## Exercise requirements
With the pictures omitted, repeat exactly the lines below starting with the line that has "- ⤴ DMC 782" and going on through the line that has "- Programy: Bavlna, Bavlna".

Items listed in a dataset
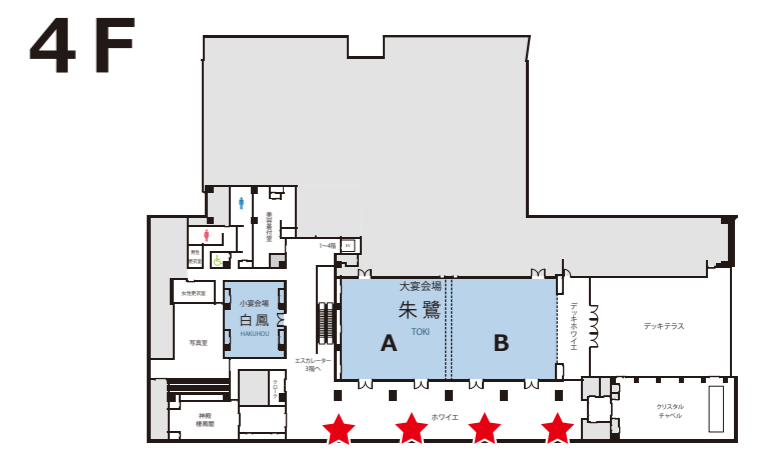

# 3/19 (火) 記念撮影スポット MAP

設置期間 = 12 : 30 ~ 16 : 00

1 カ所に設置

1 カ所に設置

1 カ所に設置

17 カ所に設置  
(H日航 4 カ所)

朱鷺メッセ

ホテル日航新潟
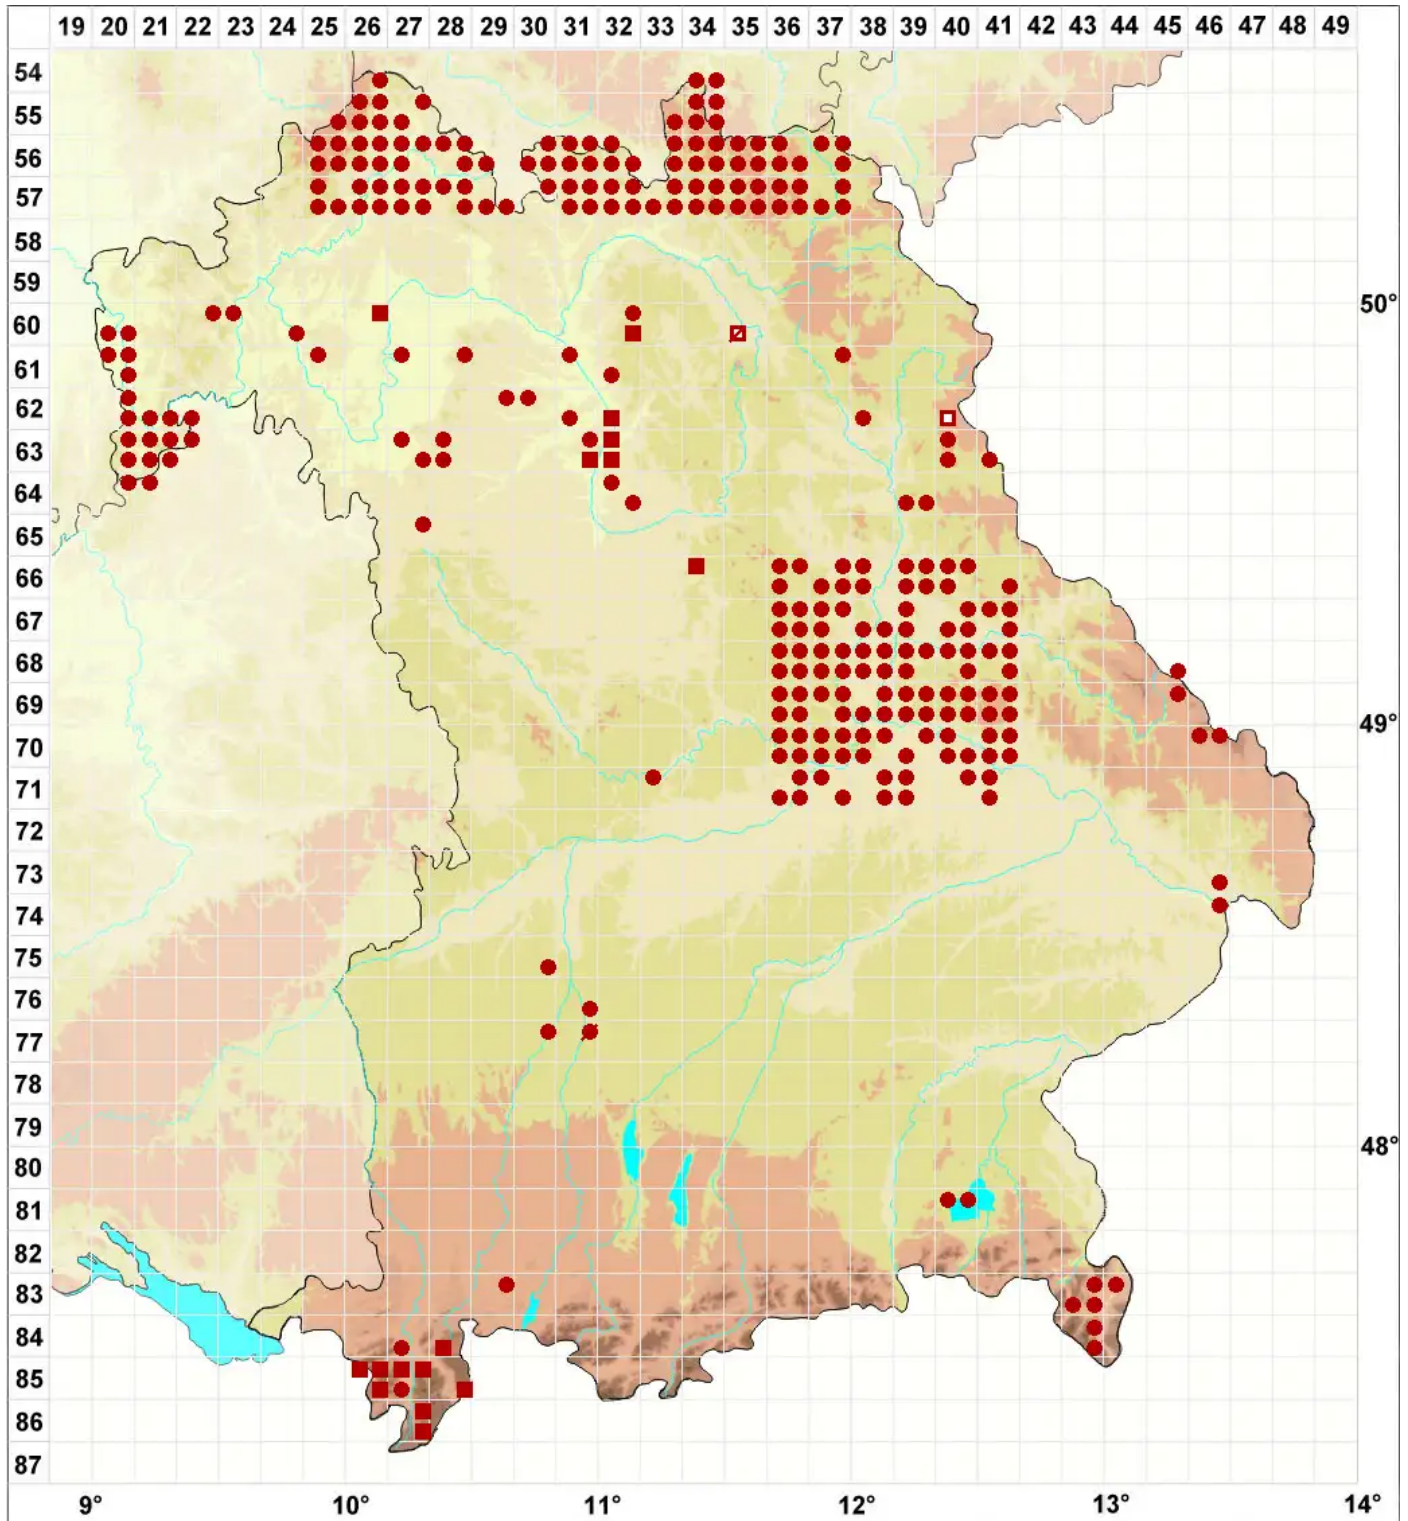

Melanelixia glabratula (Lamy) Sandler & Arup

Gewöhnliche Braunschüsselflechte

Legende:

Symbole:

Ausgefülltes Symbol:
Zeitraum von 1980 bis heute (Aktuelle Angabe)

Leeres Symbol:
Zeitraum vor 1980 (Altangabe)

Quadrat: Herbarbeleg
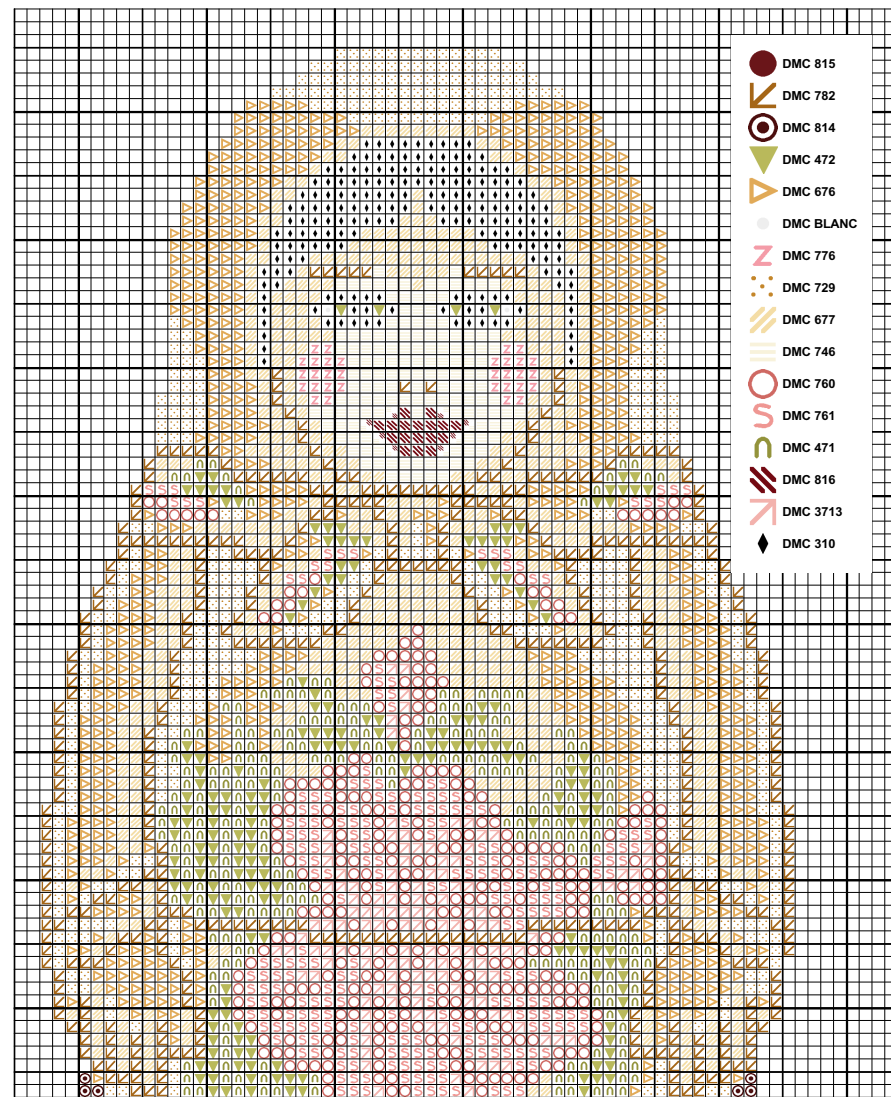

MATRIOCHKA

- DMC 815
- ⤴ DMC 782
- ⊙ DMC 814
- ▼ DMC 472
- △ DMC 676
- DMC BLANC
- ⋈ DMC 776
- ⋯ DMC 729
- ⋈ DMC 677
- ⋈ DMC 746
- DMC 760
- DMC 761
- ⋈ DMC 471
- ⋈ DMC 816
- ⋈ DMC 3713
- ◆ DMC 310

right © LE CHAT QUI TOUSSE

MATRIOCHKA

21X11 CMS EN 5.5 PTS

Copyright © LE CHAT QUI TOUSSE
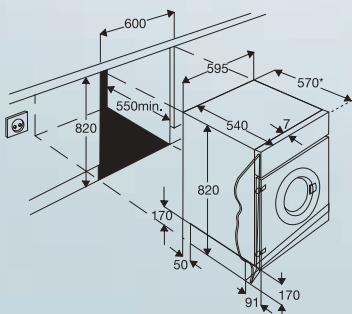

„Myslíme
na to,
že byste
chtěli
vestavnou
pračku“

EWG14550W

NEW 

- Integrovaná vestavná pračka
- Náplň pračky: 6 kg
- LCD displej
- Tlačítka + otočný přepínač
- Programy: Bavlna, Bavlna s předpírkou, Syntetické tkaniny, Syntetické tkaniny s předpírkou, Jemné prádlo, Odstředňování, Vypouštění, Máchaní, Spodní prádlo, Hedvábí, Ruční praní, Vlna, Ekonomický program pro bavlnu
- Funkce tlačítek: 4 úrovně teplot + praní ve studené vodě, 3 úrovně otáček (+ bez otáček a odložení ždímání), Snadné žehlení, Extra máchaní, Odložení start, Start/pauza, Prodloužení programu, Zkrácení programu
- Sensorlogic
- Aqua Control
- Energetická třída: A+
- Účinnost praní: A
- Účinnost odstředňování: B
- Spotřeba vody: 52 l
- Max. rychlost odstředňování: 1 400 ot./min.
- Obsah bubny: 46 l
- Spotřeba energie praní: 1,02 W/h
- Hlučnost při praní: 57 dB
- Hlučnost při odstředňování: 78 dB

## Exercise answer
- ⤴ DMC 782
- ⊙ DMC 814
- ▼ DMC 472
- △ DMC 676
- DMC BLANC
- ⋈ DMC 776
- ⋯ DMC 729
- ⋈ DMC 677
- ⋈ DMC 746
- DMC 760
- DMC 761
- ⋈ DMC 471
- ⋈ DMC 816
- ⋈ DMC 3713
- ◆ DMC 310

right © LE CHAT QUI TOUSSE

MATRIOCHKA

21X11 CMS EN 5.5 PTS

Copyright © LE CHAT QUI TOUSSE

„Myslíme
na to,
že byste
chtěli
vestavnou
pračku“

EWG14550W

NEW 

- Integrovaná vestavná pračka
- Náplň pračky: 6 kg
- LCD displej
- Tlačítka + otočný přepínač
- Programy: Bavlna, Bavlna s předpírkou, Syntetické tkaniny, Syntetické tkaniny s předpírkou, Jemné prádlo, Odstředňování, Vypouštění, Máchaní, Spodní prádlo, Hedvábí, Ruční praní, Vlna, Ekonomický program pro bavlnu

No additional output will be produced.